Upak Security
There is currently a scary number of vulnerability tracking systems, all doing pretty much the same work. One can find a list of most popular ones at CVE Reference Key page. We could expect better security from having so many projects, but in fact the net result is that we don't have any comprehensive source of information. Aggregators like CVE, Secunia and SecurityFocus, help track security issues, but none of them is complete, and it's not very easy to find relevant info when you get five or more secunia advisories for a bug in some wide-spread library - and all of them are about OS updates, not the lib in question.
Some operating systems, like FreeBSD, even have more than one vulnerability tracking facilities. Some vendors provide commercial support for their producst (e.g. RedHat, SUSE) and have all the reasons for using their own, proprietary security frameworks. And we should not forget that what constitutes a piece of third-party software for one OS, can come bundled in another one, complicating information an advisory should contain.
Upak aims at alleviating security tracking issues and seeks a way to make collaboration possible. To name a few possibilities:
- A new aggregator, crafted to be compatible with data formats of many security trackers. It is to have automatic import and on-demand export capabilities, so that any project can easily evaluate and import foreign advisories from the aggregator.

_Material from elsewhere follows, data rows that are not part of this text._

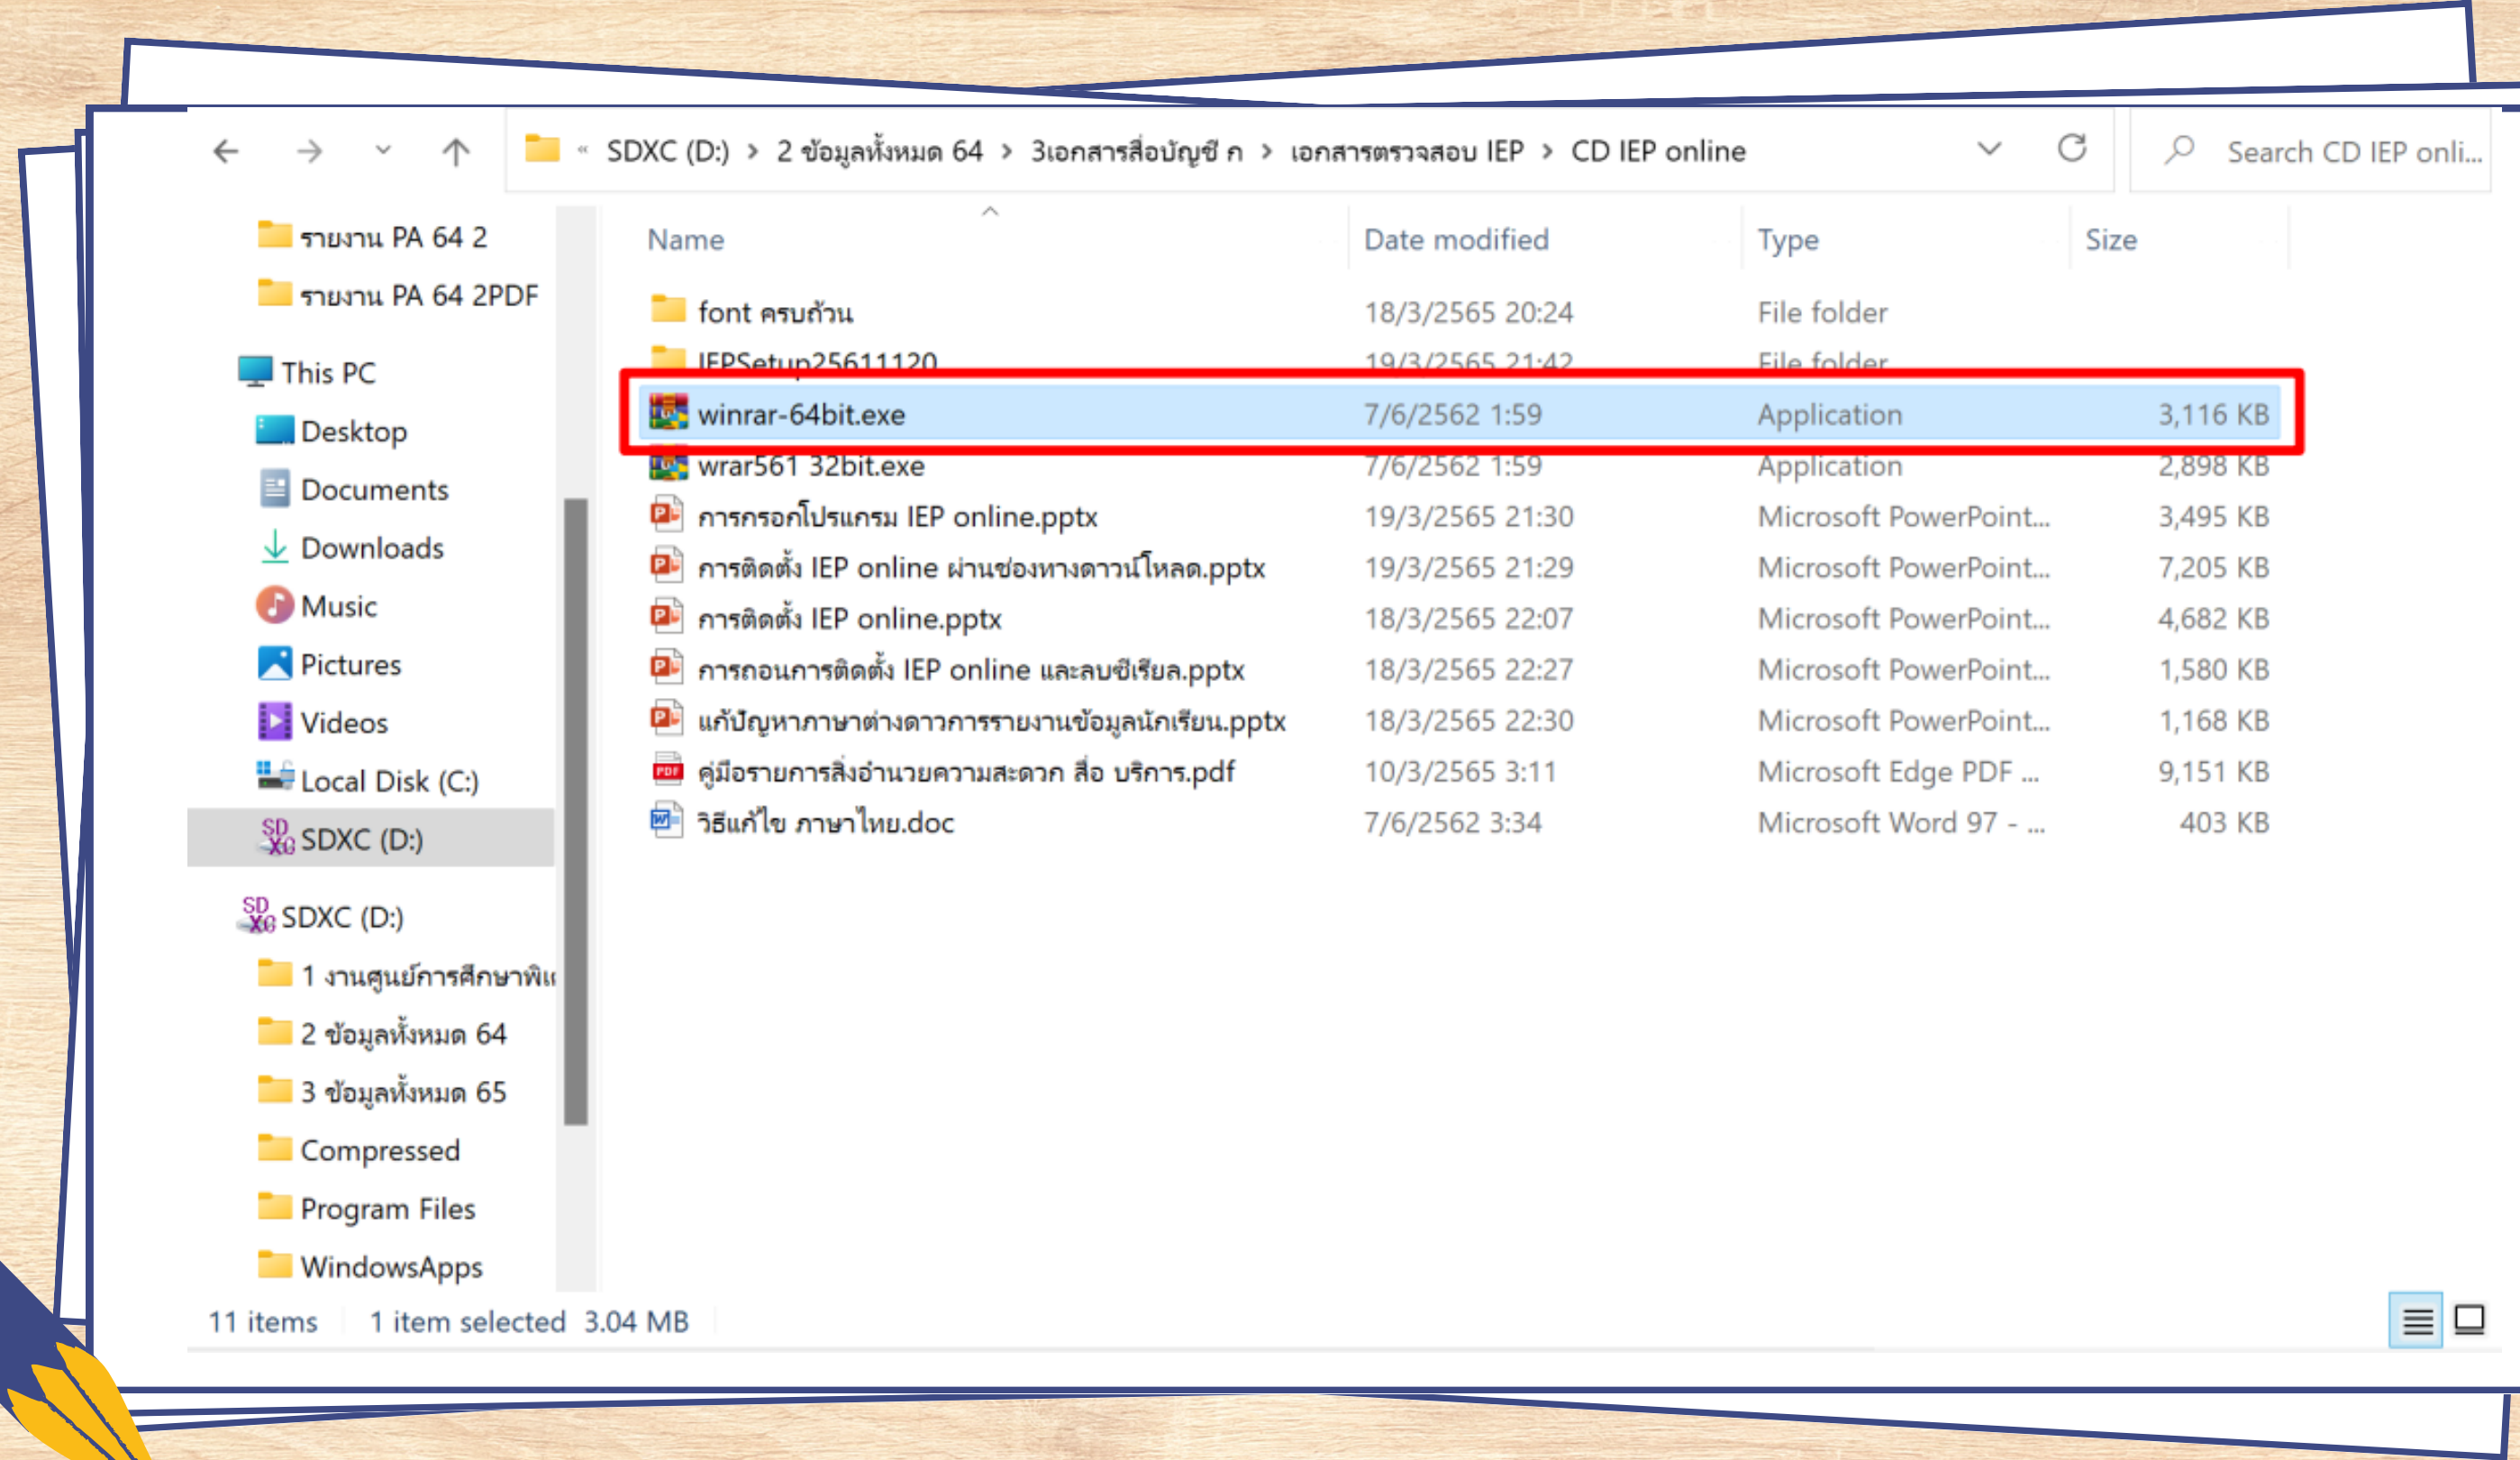

โดยการติดตั้งโปรแกรม WINRAR-64BIT จากอินเทอร์เน็ต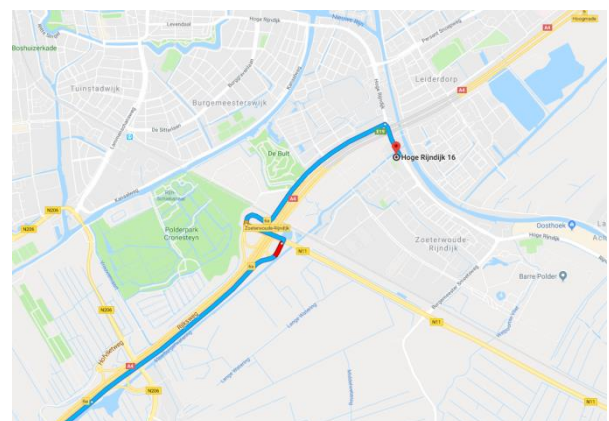

Routebeschrijving

de Familiekamer Advocaten & Mediators

Hoge Rijndijk 16
2382 AS Zoeterwoude
Tel. 071-512 60 50

Vanuit Amsterdam

- Vanaf de A4
- Neem afslag 6a richting Zoeterwoude en houd rechts aan
- Ga verder naar de Willem van der Madeweg
- Ga na 1,5 km rechtsaf naar de Hoge Rijndijk
- Ons kantoor bevindt zich na 250 m aan uw rechterhand

Vanuit Rotterdam

- Vanaf de A13
- Voeg in op de A4
- Neem afslag 6a richting Zoeterwoude-Dorp en houd gedurende 400m links aan richting Leiden-Oost
- Houd gedurende 1,6 km rechts aan naar de N11
- Ga na 400 m linksaf naar de N11
- Ga na 300 m rechtsaf naar de Willem van der Madeweg
- Ga na 1,5 km rechtsaf naar de Hoge Rijndijk
- Ons kantoor bevindt zich na 250 m aan uw rechterhand

Vanuit Utrecht

- Vanaf de A12
- Neem afslag 12a voor de N11
- Ga na 21 km rechtsaf naar de Willem van der Madeweg
- Ga na 1,5 km rechtsaf naar de Hoge Rijndijk
- Ons kantoor bevindt zich na 250 m aan uw rechterhand

U kunt vanaf het Centraal Station ook bus 28 richting Den Haag Zuiderstrand nemen en uitstappen bij halte Dr. Lelykade (20 min. reistijd).

Neem voor meer informatie telefonisch contact met ons op.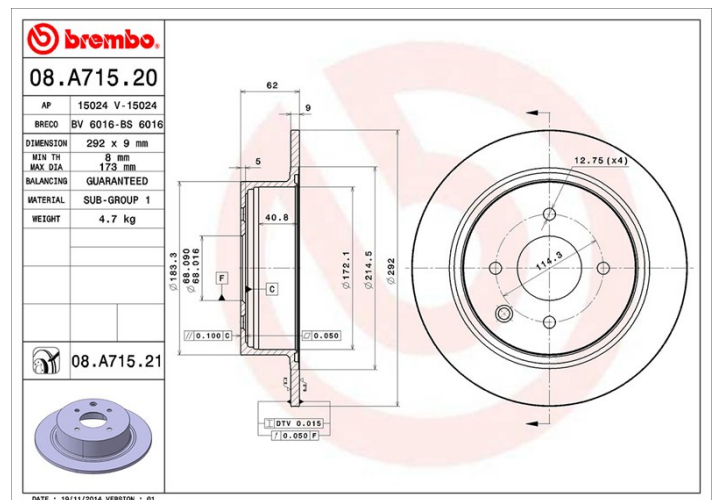

Datos técnicos disco

Eje Trasero	Diámetro 292 mm
Altura total (A) 62 mm	Diámetro de centrado (B) 68 mm
Número de orificios (C) 4	Espesor (TH) 9 mm
Espesor mín. 8 mm	Par de apriete Nm
Unidad por caja 2	Código EAN 8020584036358

Códigos marcas

Brembo 08.A715.20	AP 15024	Breco BS 6016
-----------------------------	--------------------	-------------------------

Especificaciones técnicas

Vehículos compatibles

NISSAN				
Modelo	Tipo	Kw	Año	
CUBE (Z12)	1.5 dCi	78	03/10 -	
CUBE (Z12)	1.5 dCi	81	03/10 -	
CUBE (Z12)	1.6 16V	81	03/10 -	
TIIDA Hatchback (C11)	1.5	80	05/04 08/12	
TIIDA Hatchback (C11)	1.5 4x4	80	05/04 02/07	
TIIDA Hatchback (C11)	1.5 dCi	78	09/07 12/11	
TIIDA Hatchback (C11)	1.6	81	09/07 12/11	
TIIDA Hatchback (C11)	1.8	78	01/07 06/11	
TIIDA Hatchback (C11)	1.8	81	05/04 02/07	
TIIDA Hatchback (C11)	1.8	93	09/07 12/11	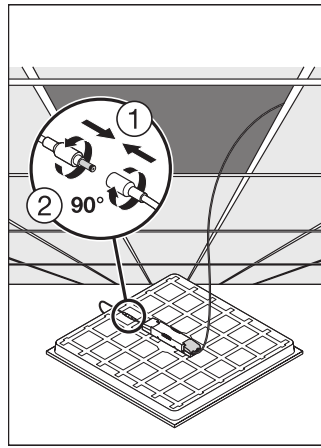

Referenties / Links

– Voor garantie zie www.benelux.ledvance.com/garantie

DISCLAIMER

Onder voorbehoud van verandering zonder kennisgeving. Fouten en drukfouten voorbehouden. Zorg ervoor dat u de meest recente versie gebruikt.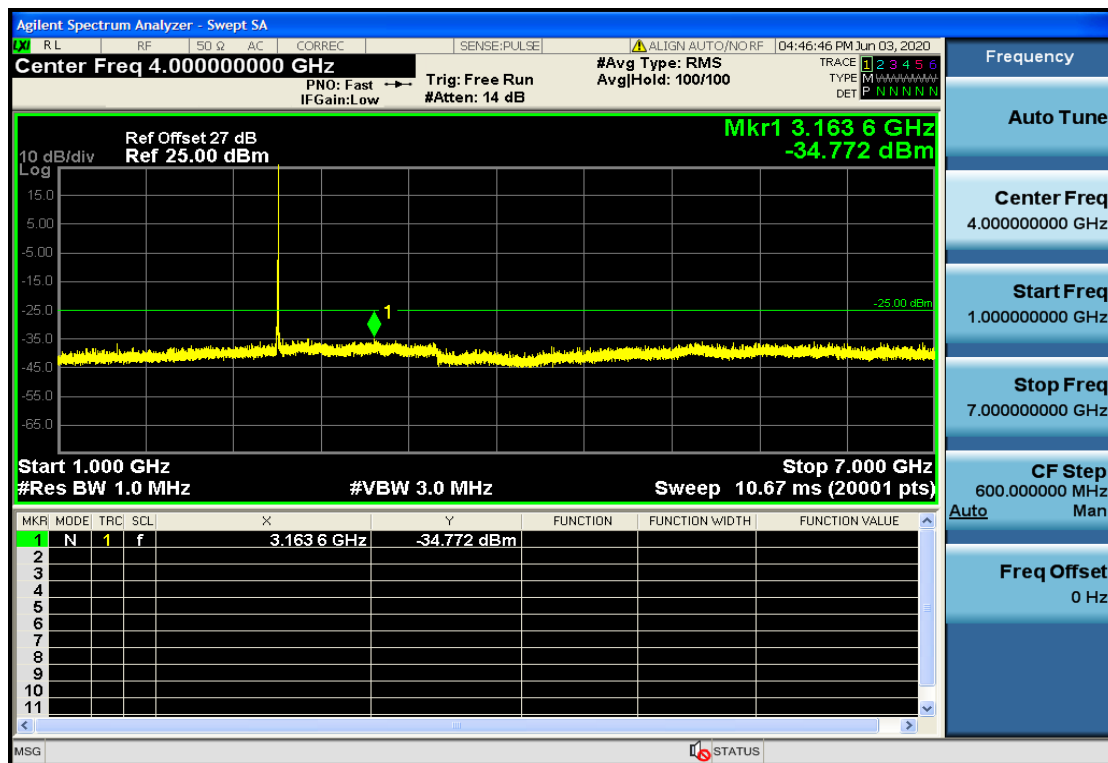

OB41-10-2501-QPSK-1#LOW@7GHz-13.6GHz@Pass

OB41-10-2501-QPSK-1#LOW@13.6GHz-20GHz@Pass

OB41-10-2501-QPSK-1#HIGH@30mHz-1GHz@Pass

OB41-10-2501-QPSK-1#HIGH@1GHz-7GHz@Pass

OB41-10-2501-QPSK-1#HIGH@7GHz-13.6GHz@Pass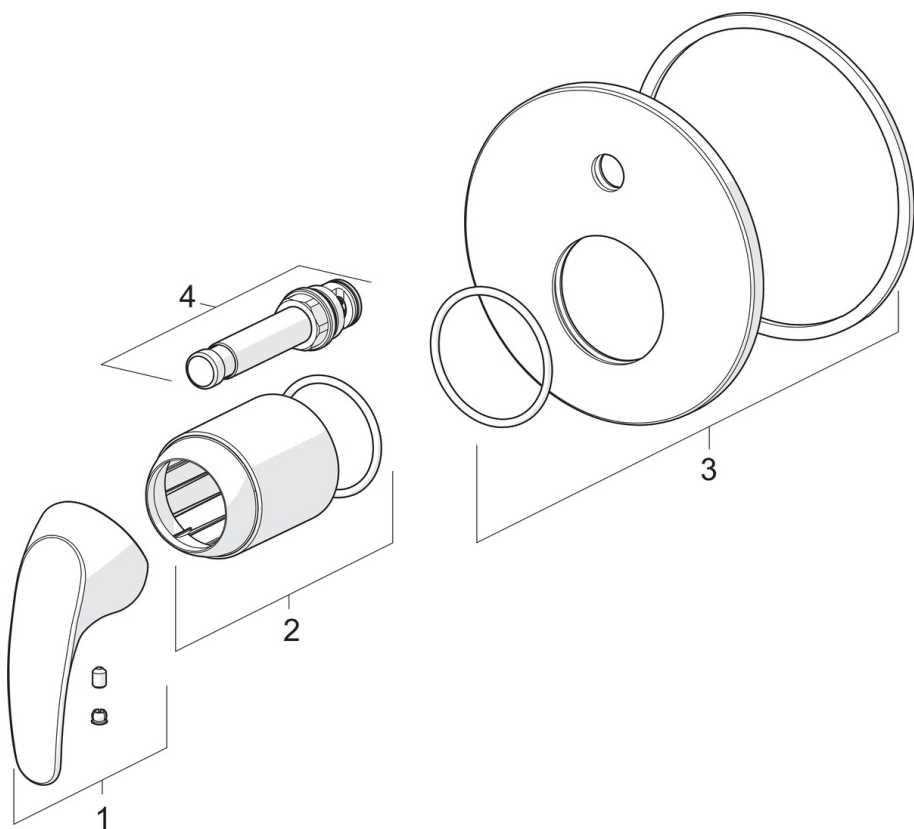

EAN: 6414150089275
static.oras.com/1484

Cover part for bath and shower faucet. Round rosette \varnothing 130mm. For Oras concealed body 2327.

- Badekar & dusj
- Ettgreps, Frontplate
- Innbyggingskran
- Forkrommet
- Ettgrepshendel, Varmt/kaldt symbol
- Push omkaster
- Temperatur- og mengdebegrenser
- Roundwallrosette

Teknisk data

Tekniske egenskaper

Varmtvannsforsyning	max. +80°C
Arbeidstrykk	100 - 1000 kPa

Bestemmelser

EN Standard	EN 817
-------------	--------

Reserve deler

SP1484

	Navn	Kode	NRF
01	Hendel	602510V	
02	Dekkring	601990V	
03	Deksel, d 130 mm	1001014V	
04	Omkafter	1003582V	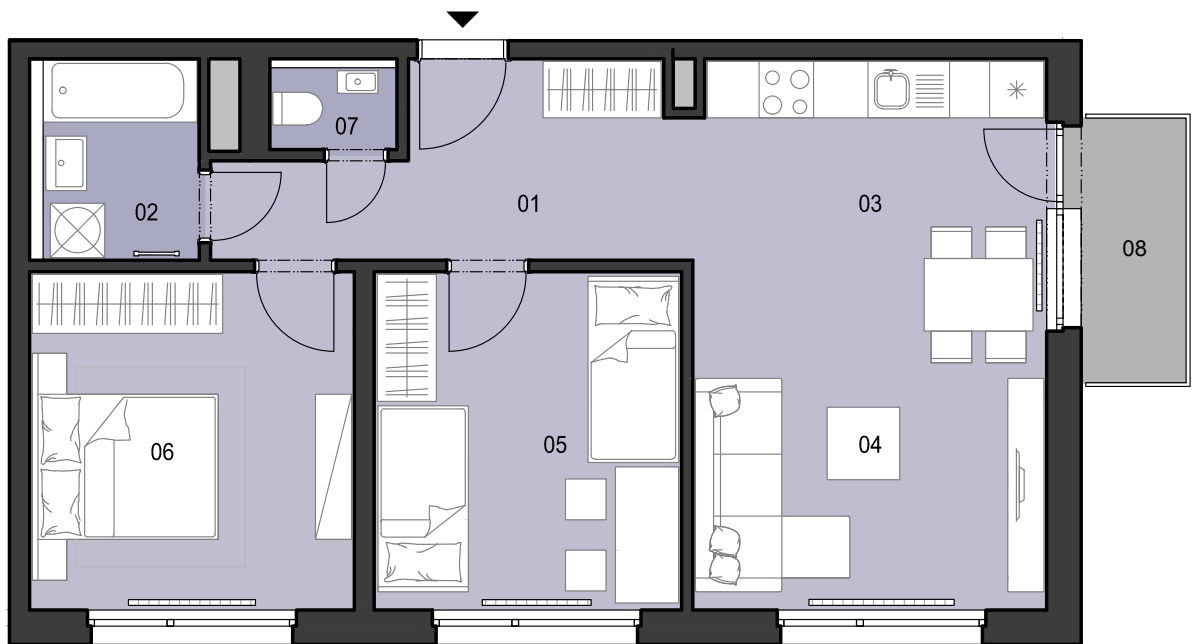

ČÍSLO BYTU
 APARTMENT NUMBER

D.6.11

**POČET OBYTNÝCH
 MIESTNOSTÍ**
 NUMBER OF ROOMS

3

INTERIÉR
 INTERIOR

64,2 m²

EXTERIÉR
 EXTERIOR

3,4 m²

LEGENDA MIESTNOSTÍ/LIST OF ROOMS

01	ZÁDVERIE/ENTRANCE HALL	8,6 m ²
02	KÚPEĽŇA/BATHROOM	4,2 m ²
03	KUCHYŇA/KITCHEN	9,1 m ²
04	OBÝVACIA IZBA/LIVING ROOM	15,0 m ²
05	IZBA/ROOM	12,6 m ²
06	IZBA/ROOM	13,3 m ²
07	WC/TOILET	1,4 m ²
08	BALKÓN/BALCONY	3,4 m ²

- A new tracker, much like the aggregator, but directly write-accessed by developers and security officers, who need to create a new entry. Automated export capabilities should be present in order for projects to retain their current data formats.
- A new tracker, encompassing most needs of many projects, which these projects agree to switch to. Direct read-write access for all interested parties requires well-tuned access-control (i.e. so that a Debian security officer would not be able to alter the effect an advisory has on OpenBSD, for example).